What you need to do =>
Below, some lines carry pictures; leave those pictures out and retype exactly the lines from the one with "13-pin plug to 7-pin socket" through the one with "burnish presentation".

Source material =>

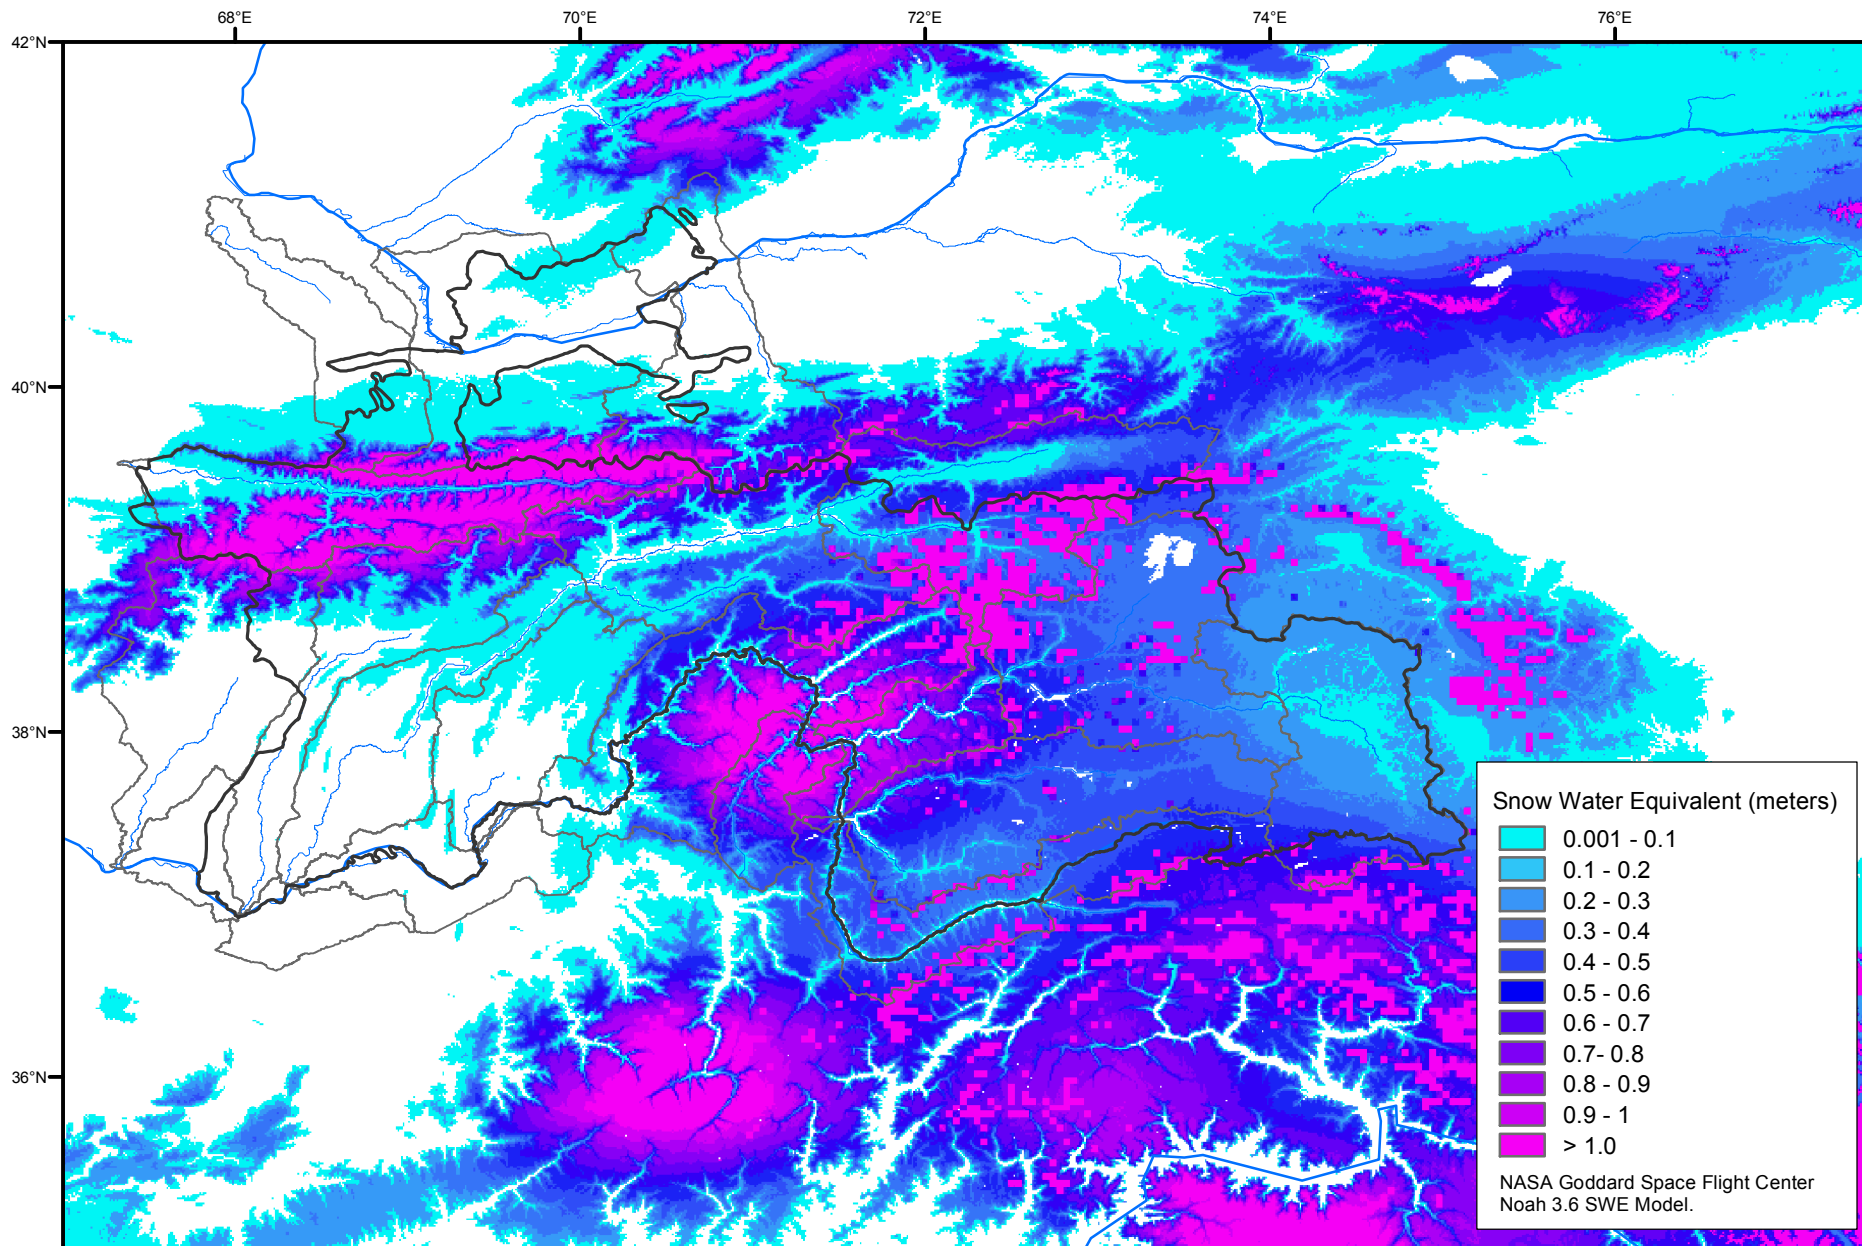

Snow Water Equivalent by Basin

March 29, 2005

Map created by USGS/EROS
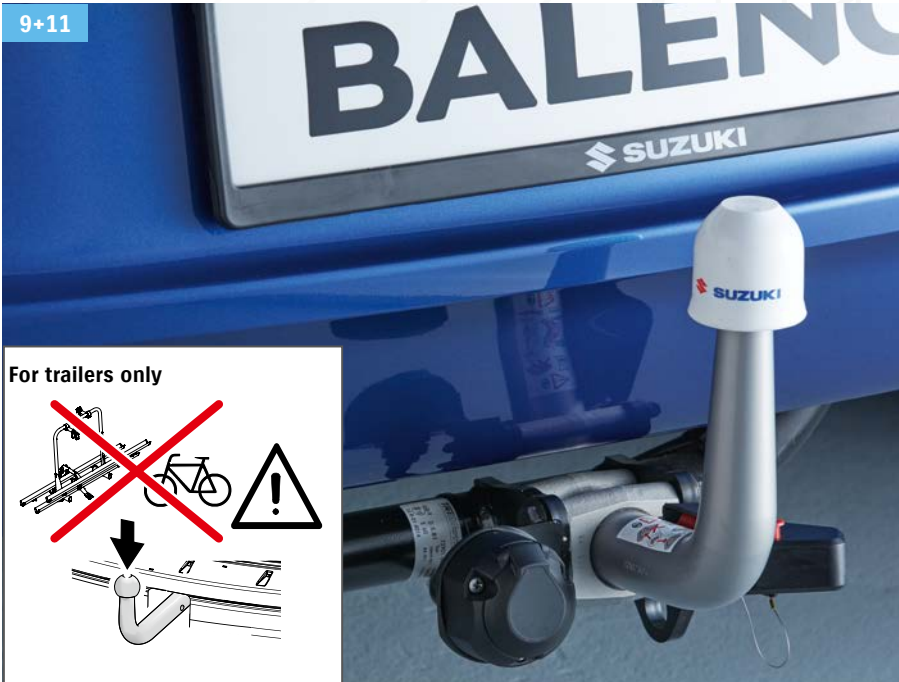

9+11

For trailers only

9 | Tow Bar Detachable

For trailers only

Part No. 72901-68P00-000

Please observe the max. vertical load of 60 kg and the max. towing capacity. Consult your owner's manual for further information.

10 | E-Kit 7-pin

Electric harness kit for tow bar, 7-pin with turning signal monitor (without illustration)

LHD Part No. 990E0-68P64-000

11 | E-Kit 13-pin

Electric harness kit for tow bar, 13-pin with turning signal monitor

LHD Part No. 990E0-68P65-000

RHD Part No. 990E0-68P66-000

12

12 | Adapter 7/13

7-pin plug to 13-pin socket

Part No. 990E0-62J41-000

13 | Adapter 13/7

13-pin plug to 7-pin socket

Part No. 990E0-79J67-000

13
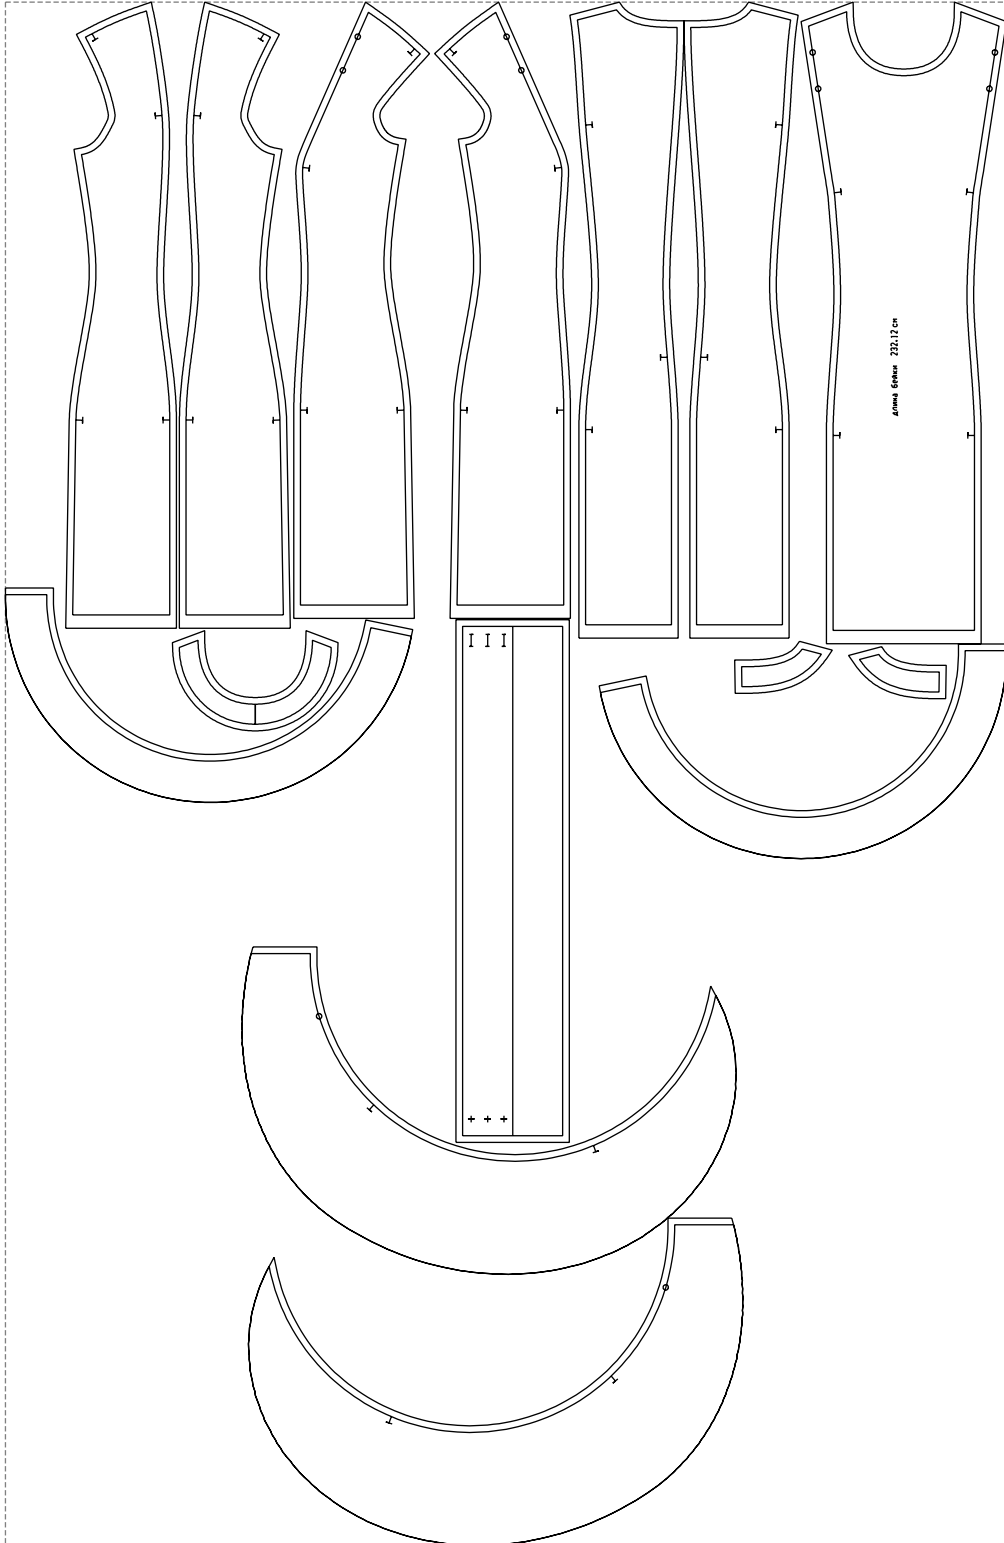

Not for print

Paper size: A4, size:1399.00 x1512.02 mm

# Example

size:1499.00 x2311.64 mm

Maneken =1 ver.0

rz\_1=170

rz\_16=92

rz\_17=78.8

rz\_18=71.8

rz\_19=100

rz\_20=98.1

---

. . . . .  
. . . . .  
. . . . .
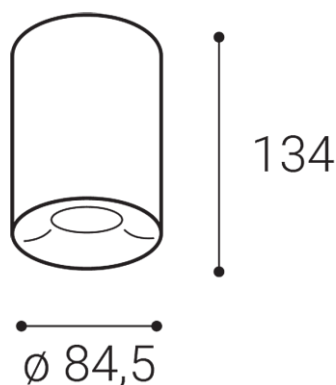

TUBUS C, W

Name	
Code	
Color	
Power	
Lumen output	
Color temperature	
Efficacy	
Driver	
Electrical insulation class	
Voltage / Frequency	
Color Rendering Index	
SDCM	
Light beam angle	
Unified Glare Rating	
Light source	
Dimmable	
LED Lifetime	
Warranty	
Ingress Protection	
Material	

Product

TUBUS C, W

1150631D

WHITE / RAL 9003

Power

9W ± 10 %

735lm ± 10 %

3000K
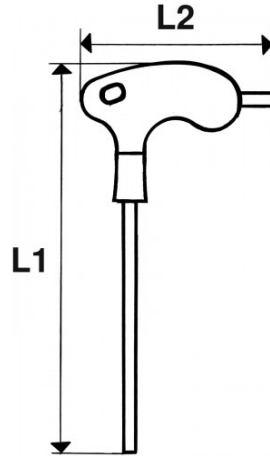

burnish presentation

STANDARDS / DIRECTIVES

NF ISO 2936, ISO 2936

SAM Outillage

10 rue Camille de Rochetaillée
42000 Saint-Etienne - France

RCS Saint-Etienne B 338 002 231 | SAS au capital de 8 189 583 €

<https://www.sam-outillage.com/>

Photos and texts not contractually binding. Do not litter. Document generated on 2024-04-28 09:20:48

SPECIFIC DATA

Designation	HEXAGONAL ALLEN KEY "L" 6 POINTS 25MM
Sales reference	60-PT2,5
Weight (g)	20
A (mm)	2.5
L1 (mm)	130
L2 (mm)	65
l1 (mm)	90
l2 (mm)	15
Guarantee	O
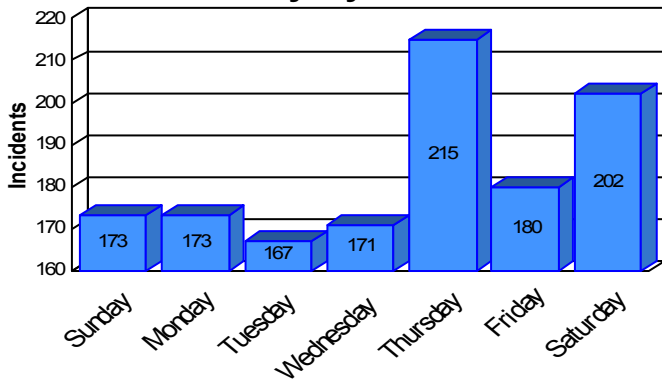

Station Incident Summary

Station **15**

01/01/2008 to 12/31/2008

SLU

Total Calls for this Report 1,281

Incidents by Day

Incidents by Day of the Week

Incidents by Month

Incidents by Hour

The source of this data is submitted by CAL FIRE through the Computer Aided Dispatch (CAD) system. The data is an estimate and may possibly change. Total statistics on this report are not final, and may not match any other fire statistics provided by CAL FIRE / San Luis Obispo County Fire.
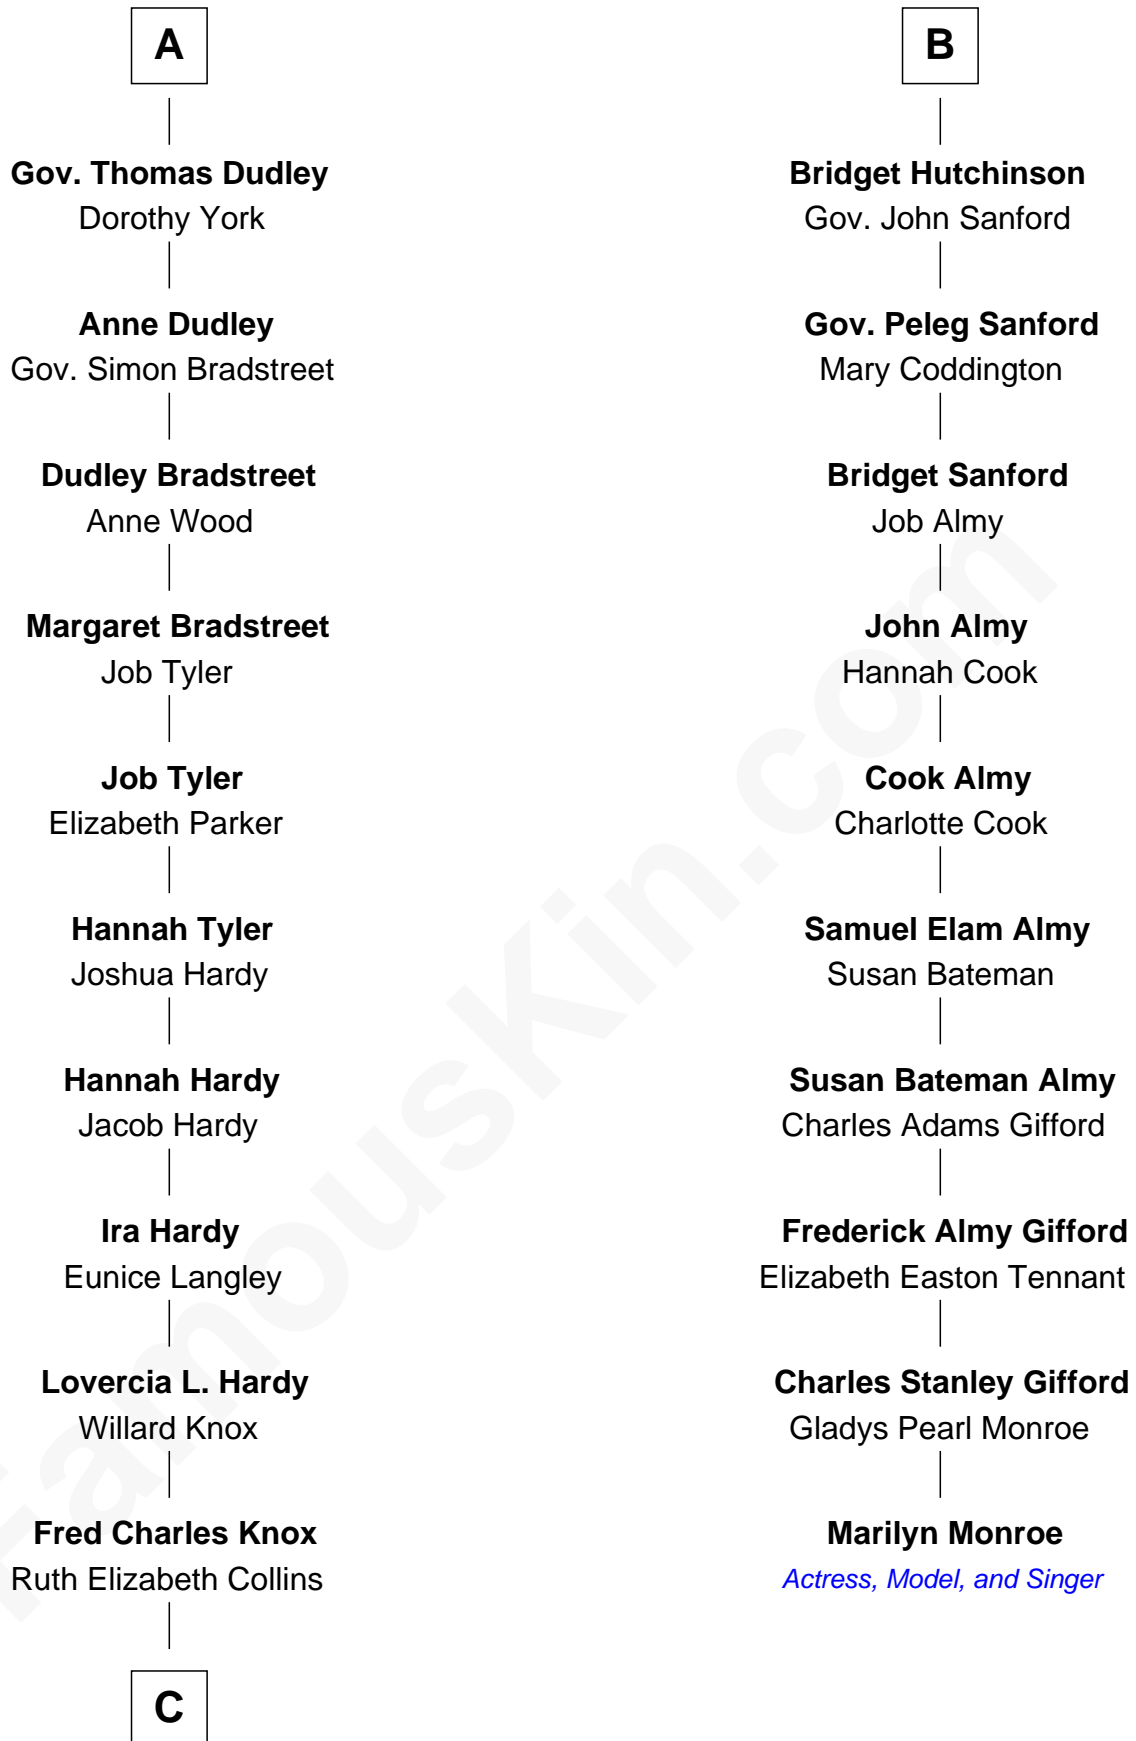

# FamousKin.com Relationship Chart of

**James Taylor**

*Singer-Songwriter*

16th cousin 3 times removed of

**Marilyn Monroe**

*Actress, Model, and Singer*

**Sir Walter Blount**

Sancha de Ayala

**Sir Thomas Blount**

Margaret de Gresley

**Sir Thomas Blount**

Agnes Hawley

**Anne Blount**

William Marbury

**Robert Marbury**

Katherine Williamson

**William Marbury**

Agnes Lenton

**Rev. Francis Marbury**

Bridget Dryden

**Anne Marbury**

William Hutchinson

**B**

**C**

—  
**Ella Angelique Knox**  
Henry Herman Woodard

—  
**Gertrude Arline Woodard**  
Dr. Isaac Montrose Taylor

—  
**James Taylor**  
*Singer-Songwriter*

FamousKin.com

Task response =>
13-pin plug to 7-pin socket

Part No. 990E0-79J67-000

13

Not for print

Paper size: A4, size:1399.00 x1512.02 mm

# Example

size:1499.00 x2311.64 mm

Maneken =1 ver.0

rz\_1=170

rz\_16=92

rz\_17=78.8

rz\_18=71.8

rz\_19=100

rz\_20=98.1

---

. . . . .  
. . . . .  
. . . . .

TUBUS C, W

Name	
Code	
Color	
Power	
Lumen output	
Color temperature	
Efficacy	
Driver	
Electrical insulation class	
Voltage / Frequency	
Color Rendering Index	
SDCM	
Light beam angle	
Unified Glare Rating	
Light source	
Dimmable	
LED Lifetime	
Warranty	
Ingress Protection	
Material	

Product

TUBUS C, W

1150631D

WHITE / RAL 9003

Power

9W ± 10 %

735lm ± 10 %

3000K

burnish presentation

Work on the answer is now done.